> Goal of the exercise: Only a number is wanted here: how many lines in the records below contain the string "DATA".

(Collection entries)
----------

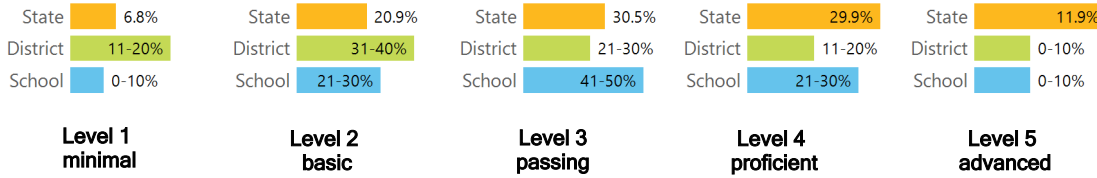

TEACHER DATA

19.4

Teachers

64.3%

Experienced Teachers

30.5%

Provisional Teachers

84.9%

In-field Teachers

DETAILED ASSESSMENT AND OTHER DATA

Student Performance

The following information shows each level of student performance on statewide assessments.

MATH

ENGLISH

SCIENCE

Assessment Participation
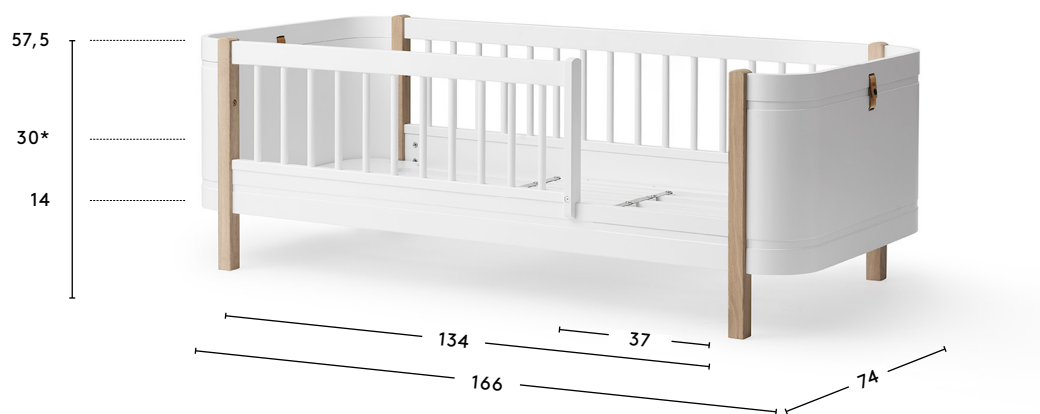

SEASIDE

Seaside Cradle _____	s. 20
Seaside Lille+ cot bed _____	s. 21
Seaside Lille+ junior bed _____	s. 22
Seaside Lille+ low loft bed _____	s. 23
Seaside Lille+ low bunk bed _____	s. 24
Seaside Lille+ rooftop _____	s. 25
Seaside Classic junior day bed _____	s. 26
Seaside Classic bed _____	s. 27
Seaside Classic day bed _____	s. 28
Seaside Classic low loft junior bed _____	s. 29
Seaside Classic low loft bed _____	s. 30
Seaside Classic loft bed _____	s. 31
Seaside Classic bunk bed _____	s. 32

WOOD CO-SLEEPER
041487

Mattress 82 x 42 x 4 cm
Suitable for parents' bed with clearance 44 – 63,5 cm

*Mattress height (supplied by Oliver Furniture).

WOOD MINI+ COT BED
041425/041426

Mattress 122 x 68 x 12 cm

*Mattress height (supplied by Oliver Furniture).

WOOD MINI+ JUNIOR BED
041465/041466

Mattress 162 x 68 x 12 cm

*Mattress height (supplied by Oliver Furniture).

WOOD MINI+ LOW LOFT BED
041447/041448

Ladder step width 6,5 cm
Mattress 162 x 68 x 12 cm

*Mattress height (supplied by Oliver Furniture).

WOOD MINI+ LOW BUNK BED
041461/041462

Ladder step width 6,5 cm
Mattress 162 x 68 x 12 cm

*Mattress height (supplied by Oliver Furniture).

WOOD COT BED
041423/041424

----------

> Exercise response: 2